§ Items from a data source:
——
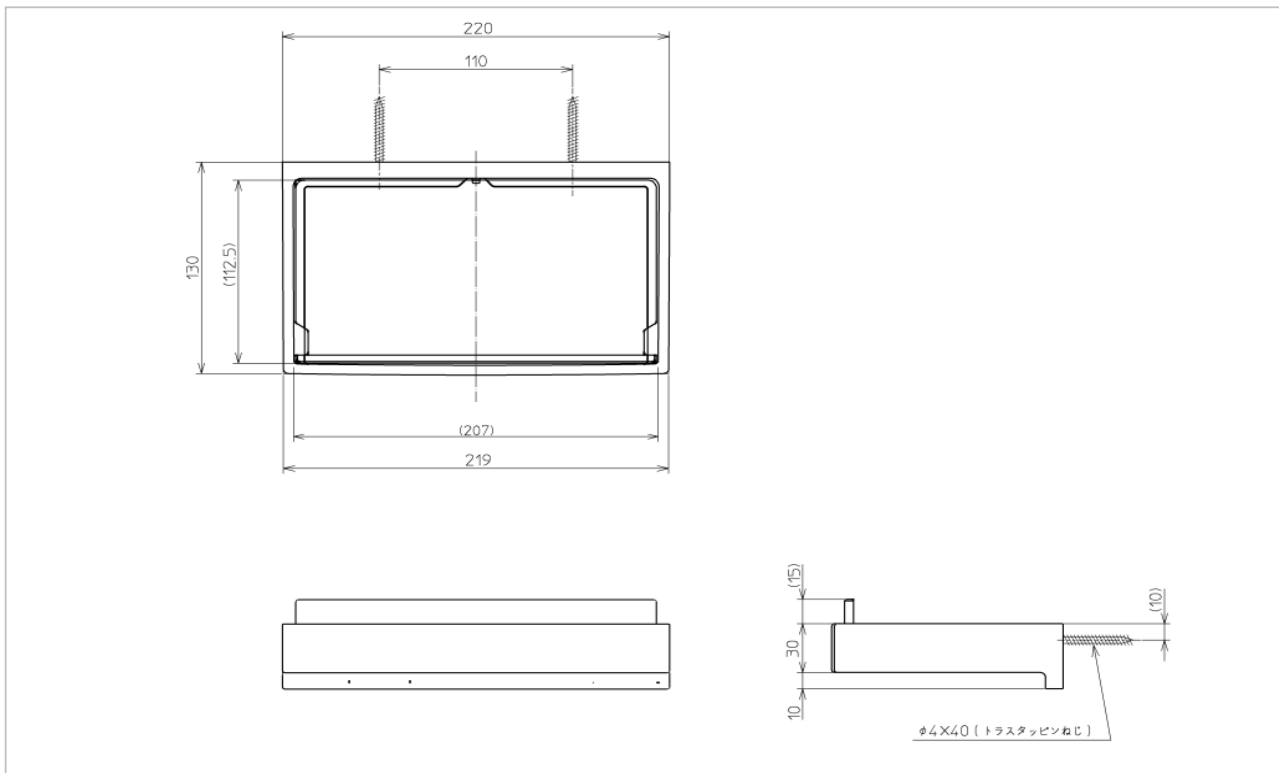

Product Features

Material

Frame : ABS Resin

Plate : AS Resin

Suggestion Fittings & Parts

Remark : We reserve the right to change some parts for suitability.

TOTO (THAILAND) CO.,LTD

Bangkok Office : 598 Q House Ploenjit Building., G floor., Ploenchit Rd., Lumpini, Pathumwan, Bangkok. 10330 Thailand
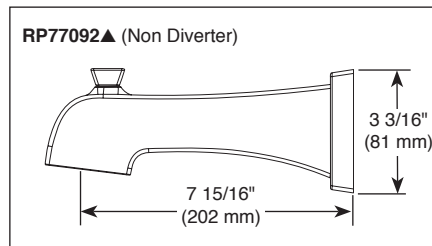

▲ Designate Proper Finish Suffix

Delta reserves the right (1) to make changes in specifications and materials, and (2) to change or discontinue models, both without notice or obligation. Dimensions are for reference only. See current full-line price book or www.deltafaucet.com for finish options and product availability.

Delta Faucet Company

55 E. 111th Street, Indianapolis, IN 46280
350 South Edgeware Road, St. Thomas, ON N5P 4L1
© 2018 Delta Faucet Company
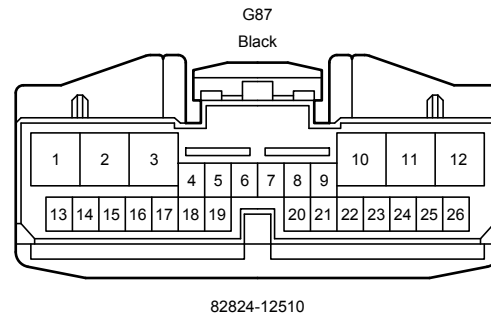

Power Window (RHD) (From Oct. 2015 Production)
——
§ What you will do:
With the images omitted, retype the records above exactly.

§ Solution:
Product Features

Material

Frame : ABS Resin

Plate : AS Resin

Suggestion Fittings & Parts

Remark : We reserve the right to change some parts for suitability.

TOTO (THAILAND) CO.,LTD

Bangkok Office : 598 Q House Ploenjit Building., G floor., Ploenchit Rd., Lumpini, Pathumwan, Bangkok. 10330 Thailand

▲ Designate Proper Finish Suffix

Delta reserves the right (1) to make changes in specifications and materials, and (2) to change or discontinue models, both without notice or obligation. Dimensions are for reference only. See current full-line price book or www.deltafaucet.com for finish options and product availability.

Delta Faucet Company

55 E. 111th Street, Indianapolis, IN 46280
350 South Edgeware Road, St. Thomas, ON N5P 4L1
© 2018 Delta Faucet Company

Power Window (RHD) (From Oct. 2015 Production)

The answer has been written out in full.